Historically, the C language was developed because the people writing it were ALSO writing UNIX, and they wanted a "portable assembly language" that would make it easier to write the majority of their new OS, only using raw assembly for the bootstrap and the initial compiler.

LPC, however, is NOT C. LPC is a language which works, on a fundamental level, differently than C does. It looks like C, because that was the language its creator (Lars Pensjo) was most familiar with, and he probably believed having it share much of the same basic syntax would make it easier for other MUD coders to learn.

Saying that LPC is a superset of C, just because all current LPC drivers are written in C. is wrong. If you wanted to take the time and effort, you could write an LPC driver in Python, and it would operate exactly like FluffOS does today. The fact is, an LPC coder never has to deal with C, in any way at all. Even the efuns which are provided by the driver are black boxes, and could be implemented in any language whatsoever. I would suggest you take another look at what an interpreter actually is. By your definition, every "scripting" language, which includes perl, ruby, python, lua, and some versions of basic, is just "a really fancy scripting language built on C".

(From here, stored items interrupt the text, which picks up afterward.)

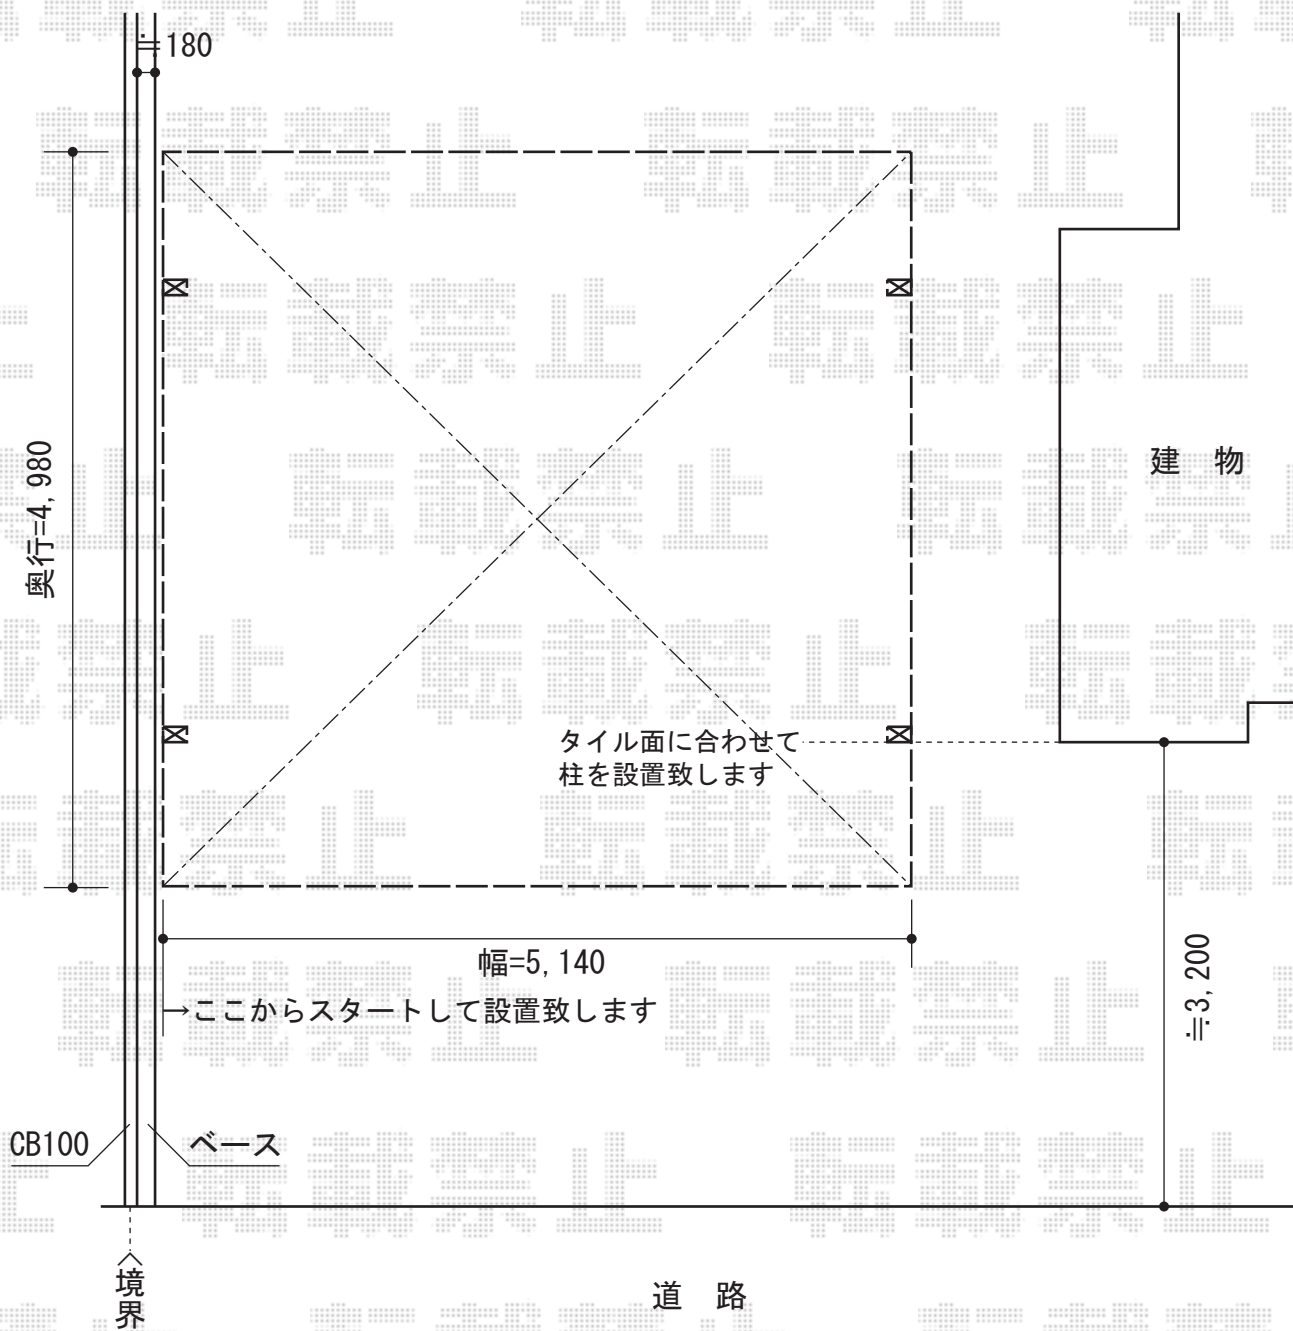

# カーブポートシグマIII ワイド 積雪～30cm対応

カーブポートシグマIII ワイド 積雪～30cm対応  
幅=5,140mm  
奥行=4,980mm  
色：シャイングレー  
屋根材：ポリカーボネート（ブルースモーク）  
柱仕様：ロング柱23仕様（有効高 約2,300mm）

現場状況や作図制限により概略図の内容と多少の違いが生じることがございます。  
施工時は、現場優先とさせて頂きたく思いますので、お立会い頂き、  
最終のご指示のほど、何卒、宜しくお願い致します。
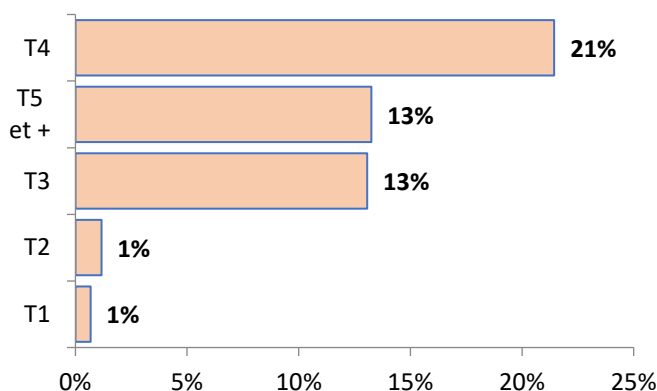

POPULATIONS ET LOGEMENTS

Recensement INSEE 2015 – 2021

Population 2015	19 461
Population 2021	19 462
Taux évolution annuel population	0,00%
Résidences principales 2015	7 797
Résidences principales 2021	8 144
Taux évolution annuel résidence ppale	0,74%
LOGEMENTS	8 955
Résidences principales	8 144
Résidences secondaires	295
Logements vacants	516
Propriétaires	77%
Locataires privés	22%
Locataires Hlm	6%
Logés gratuitement	1%

PARC LOCATIF SOCIAL

RPLS au 1^{er} janvier 2023

Logements locatifs sociaux loués	519
Logements locatifs sociaux vacants	507
Taux de vacance	49,4%
Logements proposés à la location	1 026
T1	7
T2	12
T3	134
T4	220
T5 et +	136
Collectif	17
Individuel	141
Classes énergétiques : ABC	56%
Classe énergétique : D	30%
Classes énergétiques : EFG	15%
Nombre DPE renseignés	681
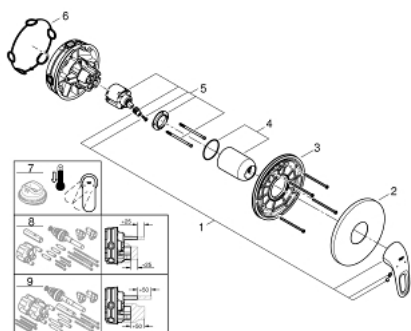

24 048 003 EUROSTYLE СМЕСИТЕЛЬ ОДНОРЫЧАЖНЫЙ СКРЫТОГО МОНТАЖА ДЛЯ ДУША

ЗАПАСНЫЕ ЧАСТИ

1. 1: Рычаг (Order-nr. 46940000)
   - 2: Розетка (Order-nr. 48428000)
   - 3: Монтажная плата (Order-nr. 48439000)
   - 4: Колпак (Order-nr. 02693000)
   - 5: Картридж (Order-nr. 46048000)
   - 6: Уплотнение (Order-nr. 48360000)
   - 7: Ограничитель температуры (Order-nr. 46308000)*
   - 8: Универсальный набор удлинителей для смесителей с 2-мя рукоятками, 25 мм (Order-nr. 14056000)*
   - 9: Универсальный набор удлинителей для смесителей с 2-мя рукоятками, 50 мм (Order-nr. 14057000)*
2. Optional accessories

There was some interesting discussion a whlie back about making an LPC.NET driver, which would cause LPC to become a first class language on the .NET platform, allowing you to freely mix it with Visual BASIC, C#, or even C++. Of course, nobody has the energy and patience to actually do it, but it's not impossible. There is a Visual COBOL.NET out there. :)
20 Jun, 2014, Nathan wrote in the 24th comment:
Votes: 0
I think it foolish to assume that all languages are of equal utility. Having had no experience really with Pascal or Fortran it's hard to say anything about them, but there must be a reason for so many languages to borrow the syntax (and perhaps the quirks) of C instead of a different language. I might argue that if it looks like C and acts like C then for all intents and purposes it is C or is built on C. The underlying language of implementation, I would presume, is essentially irrelevant except where it shows up in the implemented language and since I can't imagine how to analyze that it's hard to know, but it's entirely possibly that your example "scripting" languages shows themselves to be descendants of C in one more respects that cannot be done away with by changing the language that the interpreter or compiler is written in.
20 Jun, 2014, quixadhal wrote in the 25th comment:
Votes: 0
There is a reason… C is popular. As we all know, popularity > usefulness, correctness, or even sanity in our culture.

And while there are lots of languages out there today that "look like C", most of them do NOT "act like C". You're only seeing the superficial similarity because you haven't worked with them. You should also conider that C didn't evolve in a vacuum, nor was it designed to be a general purpose language. Indeed, quite the opposite.

C was descended from BCPL and has similarities to Pascal as well, because those are what Kernigan, Ritchie, and Thompson were familiar with. The language developed hand-in-hand with UNIX, because that's what it was written to implement. Namely, Ritchie and Thompson designed UNIX to be a new operating system for the PDP-8. At that time, most OS's were written in assembly, meaning you had to rewrite everything when you moved to a new machine, even if that machine were similar, like a PDP-11.

Kernigan and Ritche's idea was to make a "portable assembly" language that would be easier to work with than pure assembly (having higher level loops and conditionals), and would still more-or-less directly translate… meaning it would be easy to write a new compiler for a new architecture, and thus get an OS ported much faster than it usually took.

THAT is why C became so popular. Nothing magical. Not because it was so much better than everything else for writing arbitrary code. Because it made it very EASY to get a new hardware system into a useable state. Once you got your new hardware running, why not write more stuff in C since it was already there?